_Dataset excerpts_

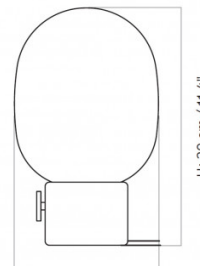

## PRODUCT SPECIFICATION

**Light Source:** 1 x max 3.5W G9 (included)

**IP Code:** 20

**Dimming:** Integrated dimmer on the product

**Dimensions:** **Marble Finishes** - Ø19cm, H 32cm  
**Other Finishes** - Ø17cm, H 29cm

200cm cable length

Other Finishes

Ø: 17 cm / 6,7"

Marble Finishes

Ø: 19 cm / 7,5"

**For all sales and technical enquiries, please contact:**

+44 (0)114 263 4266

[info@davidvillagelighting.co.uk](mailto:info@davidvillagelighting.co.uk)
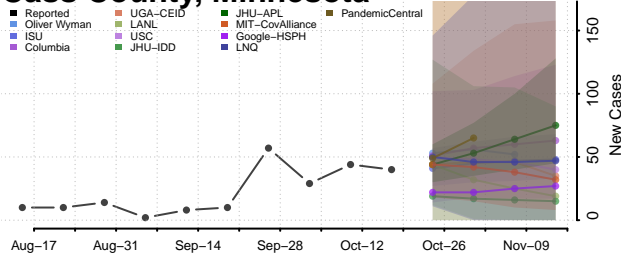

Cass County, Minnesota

...

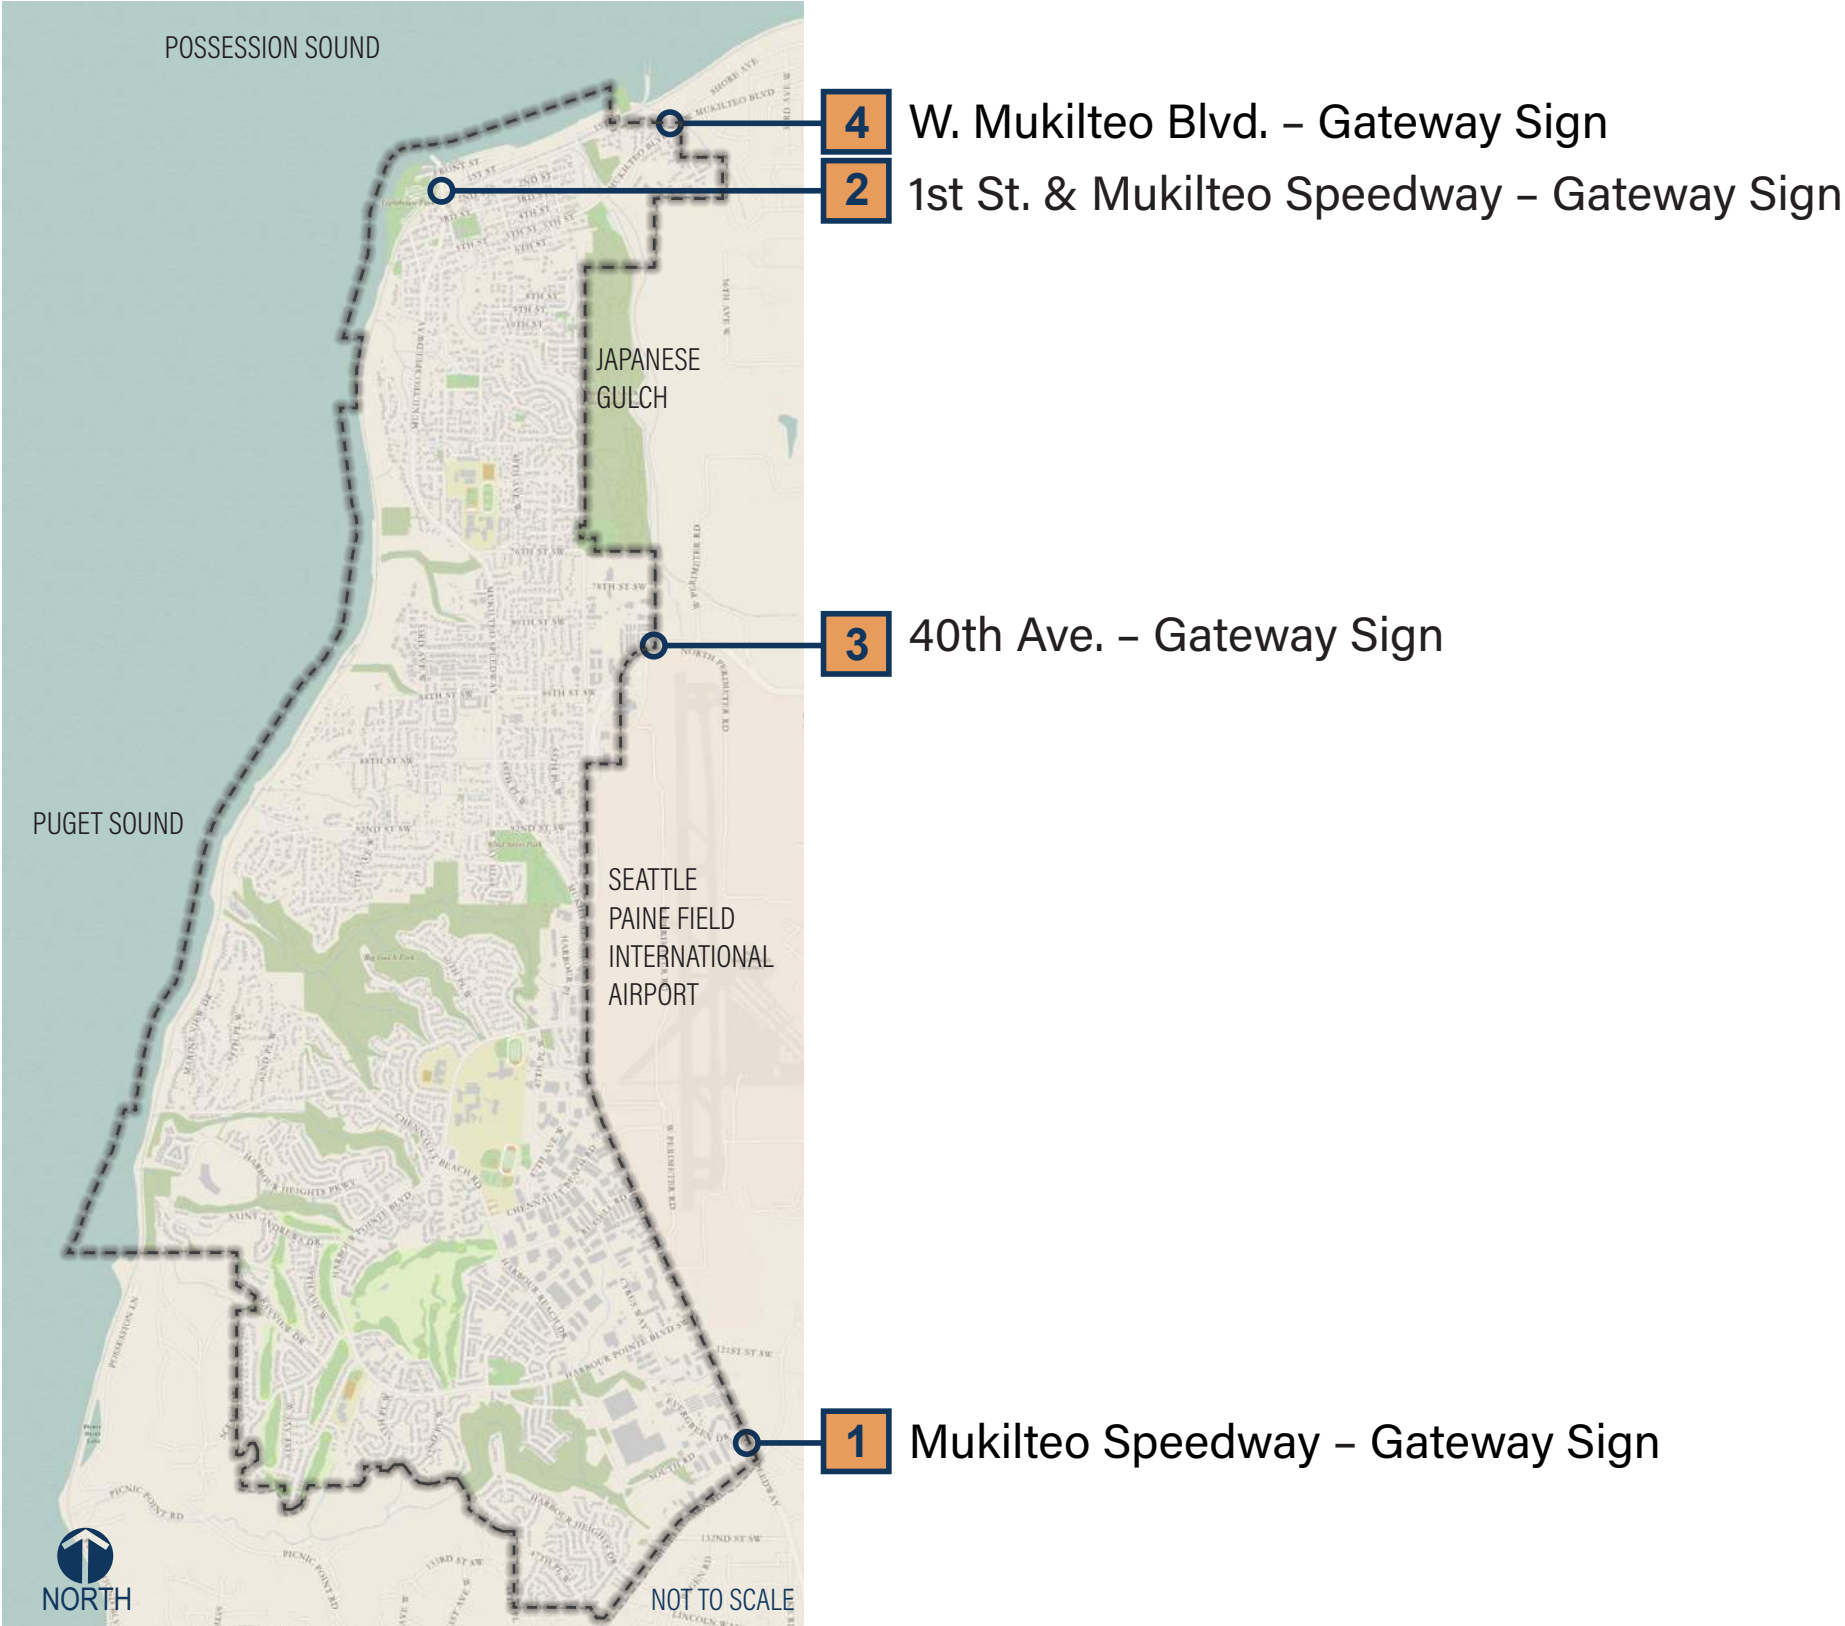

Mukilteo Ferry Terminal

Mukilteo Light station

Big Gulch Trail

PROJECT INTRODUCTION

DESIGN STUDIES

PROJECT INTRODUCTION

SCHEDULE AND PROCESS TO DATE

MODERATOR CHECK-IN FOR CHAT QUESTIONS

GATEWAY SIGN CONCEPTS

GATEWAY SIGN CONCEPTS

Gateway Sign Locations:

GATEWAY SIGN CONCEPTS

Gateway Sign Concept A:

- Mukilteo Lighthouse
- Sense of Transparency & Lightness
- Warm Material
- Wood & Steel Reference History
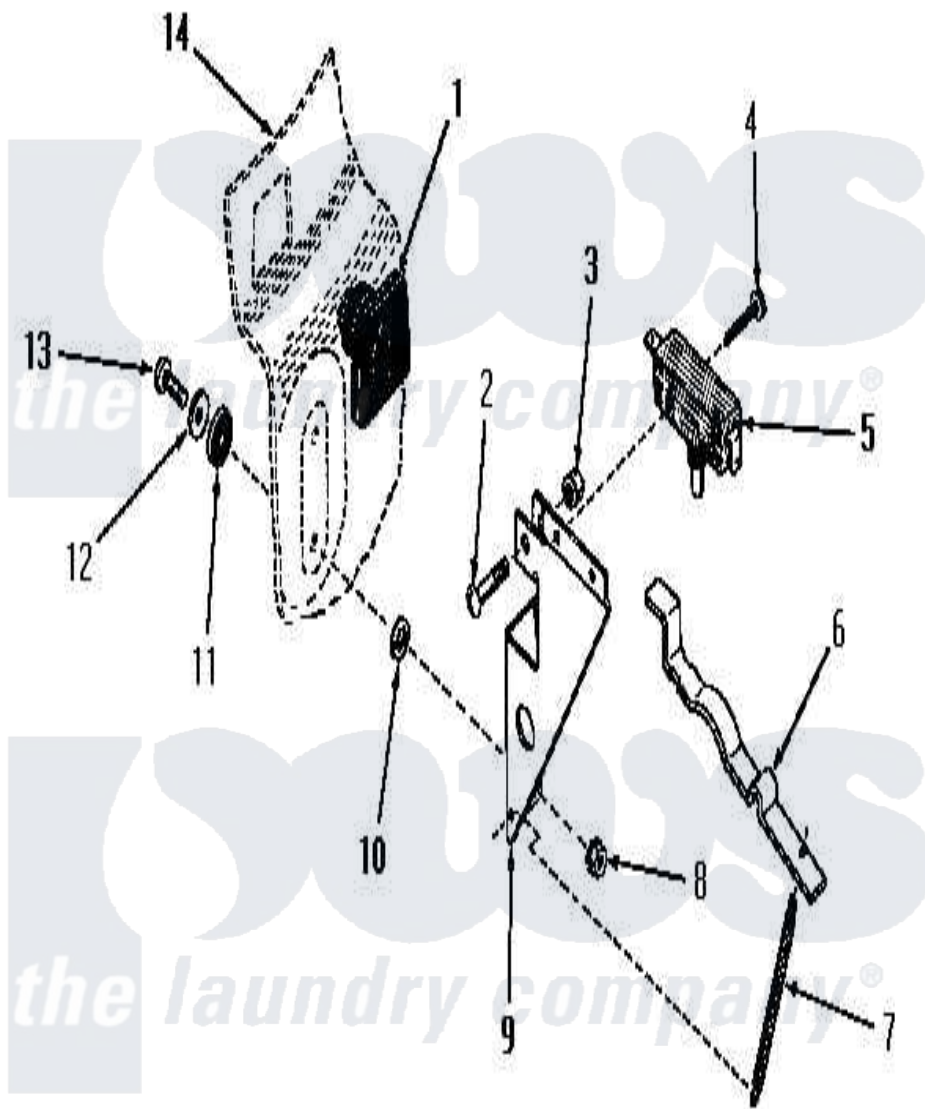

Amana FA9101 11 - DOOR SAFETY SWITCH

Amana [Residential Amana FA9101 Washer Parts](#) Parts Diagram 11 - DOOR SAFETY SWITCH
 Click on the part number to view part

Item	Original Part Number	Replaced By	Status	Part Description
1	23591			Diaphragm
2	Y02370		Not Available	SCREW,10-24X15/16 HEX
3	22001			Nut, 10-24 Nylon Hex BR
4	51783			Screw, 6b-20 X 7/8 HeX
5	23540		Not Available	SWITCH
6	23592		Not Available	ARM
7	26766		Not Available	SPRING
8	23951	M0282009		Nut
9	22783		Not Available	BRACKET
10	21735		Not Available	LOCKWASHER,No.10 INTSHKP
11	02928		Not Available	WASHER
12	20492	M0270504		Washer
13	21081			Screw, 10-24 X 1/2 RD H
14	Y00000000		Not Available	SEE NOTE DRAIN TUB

==

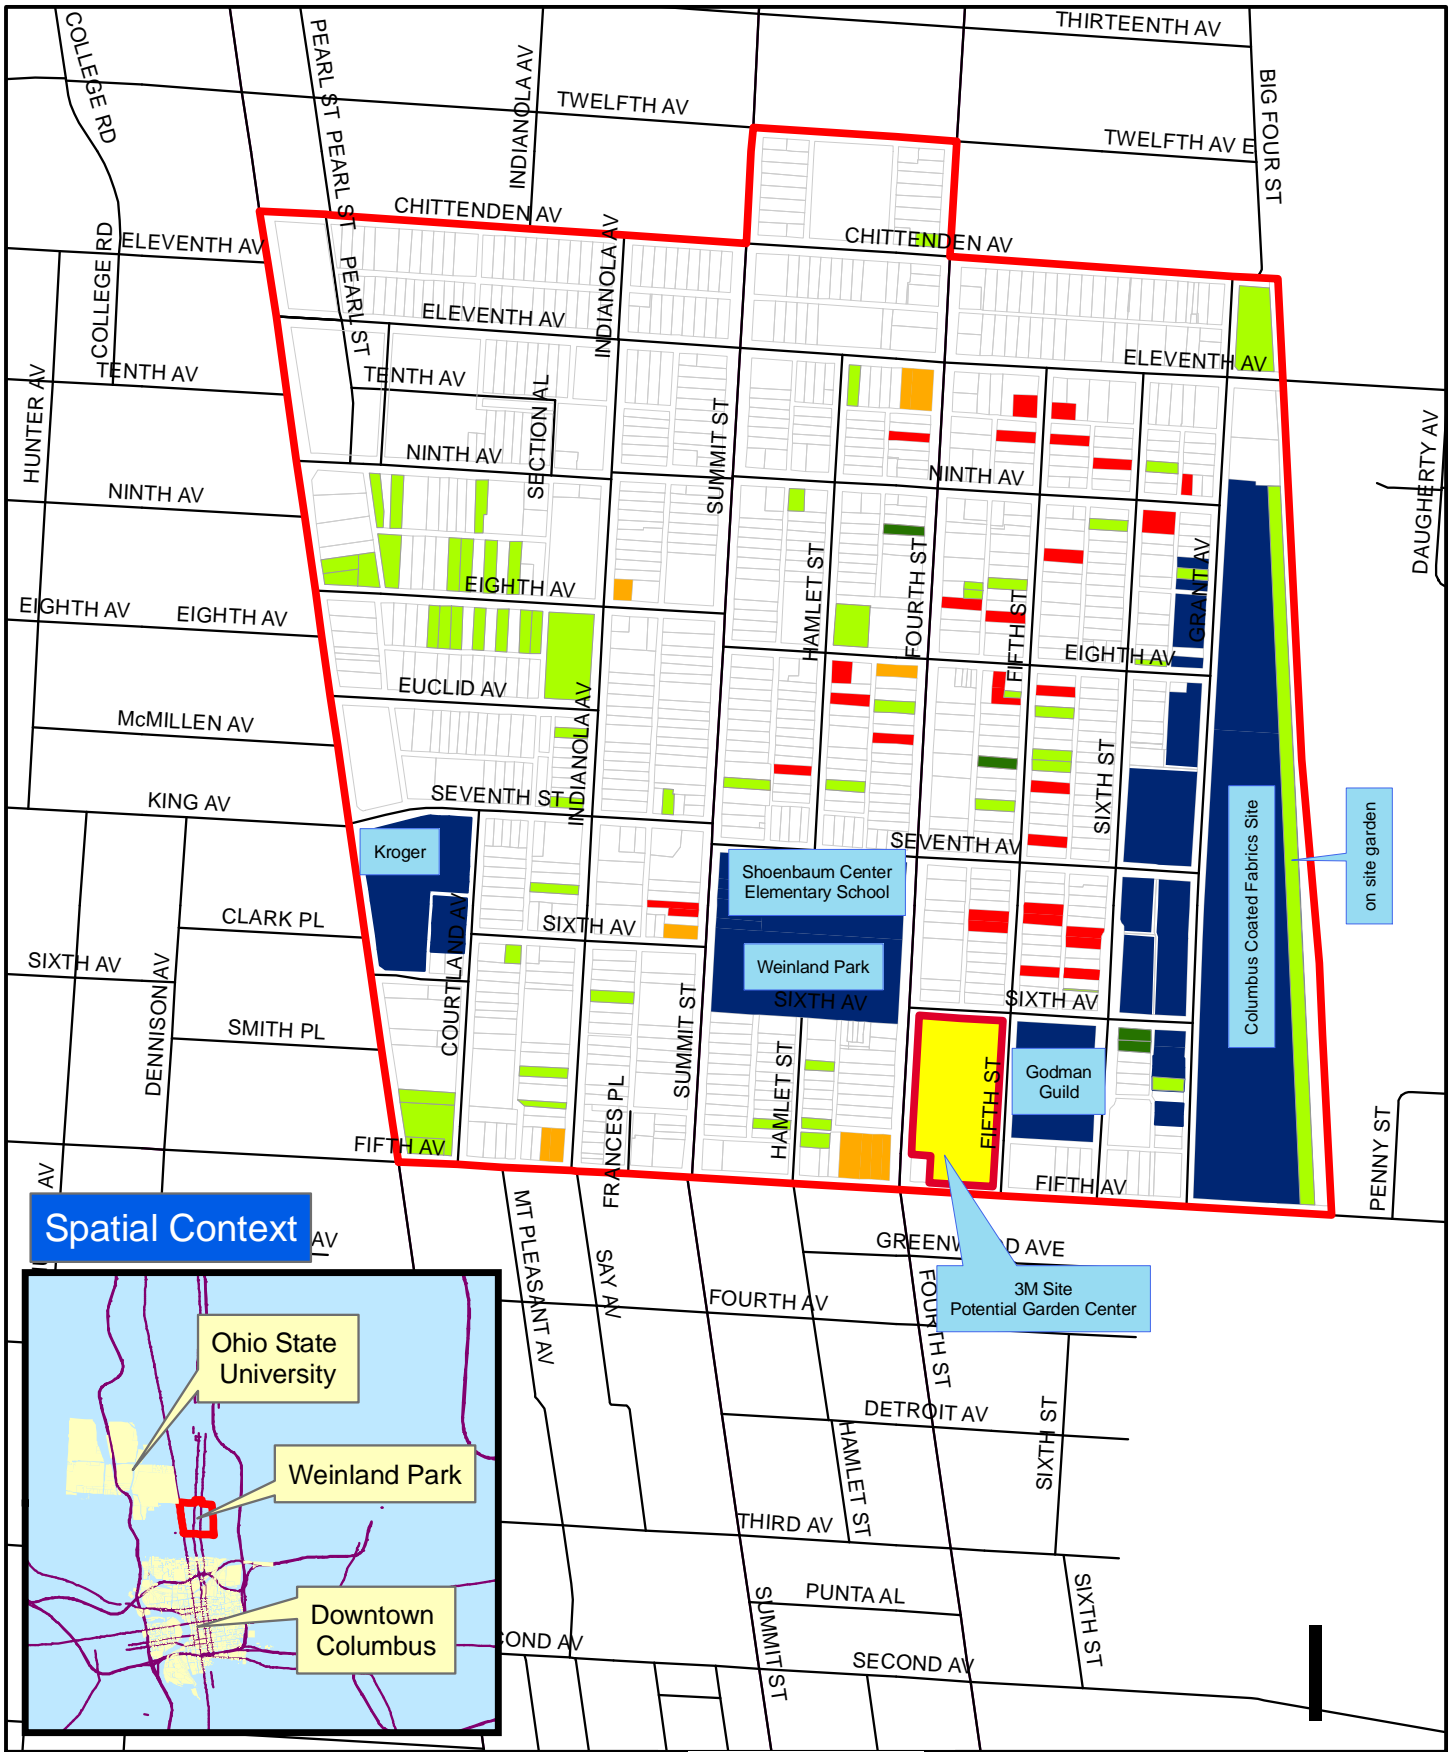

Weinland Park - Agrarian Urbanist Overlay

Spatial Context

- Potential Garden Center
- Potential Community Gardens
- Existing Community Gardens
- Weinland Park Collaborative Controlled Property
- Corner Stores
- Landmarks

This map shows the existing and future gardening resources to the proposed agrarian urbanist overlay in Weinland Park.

_Problem description_
Write out each line above containing "Weinland".

_Written answer_
Weinland Park - Agrarian Urbanist Overlay
- Weinland Park Collaborative Controlled Property
This map shows the existing and future gardening resources to the proposed agrarian urbanist overlay in Weinland Park.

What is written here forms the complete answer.